* [TASK DESCRIPTION]
Check each line of the entries below for the string "FLOOR"; copy every line where it appears.

* [INFORMATION SHOWN]
-- -- --

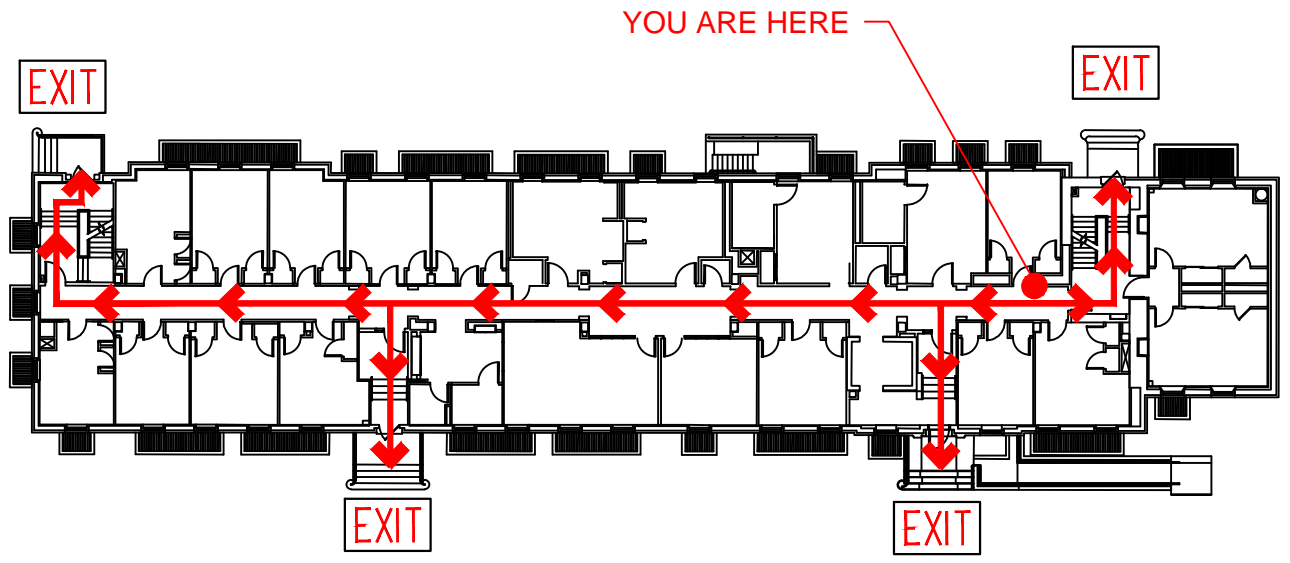

Gathering Point

A gathering point has been designated attempting to provide shelter and is a minimum 200 feet from the building. For your building the gathering point is:

The Green in front of Harter & Sharp Halls

 EMERGENCY GATHERING POINT - 200'

U SYPHERD HALL - BASEMENT

D 24 THE GREEN
Newark, DE

 EMERGENCY GATHERING POINT - 200' 

CORR
000

 EMERGENCY GATHERING POINT - 200'

 EMERGENCY GATHERING POINT - 200' 

U SYPHERD HALL - 1ST FLOOR

D 24 THE GREEN
Newark, DE

CORR
100

YOU ARE HERE

EMERGENCY
GATHERING
POINT - 200'

U SYPHERD HALL - 2ND FLOOR

D 24 THE GREEN
Newark, DE

EMERGENCY
GATHERING
POINT - 200'

CORR
200

-- -- --

* [SOLUTION TO THIS PROBLEM]
U SYPHERD HALL - 1ST FLOOR
U SYPHERD HALL - 2ND FLOOR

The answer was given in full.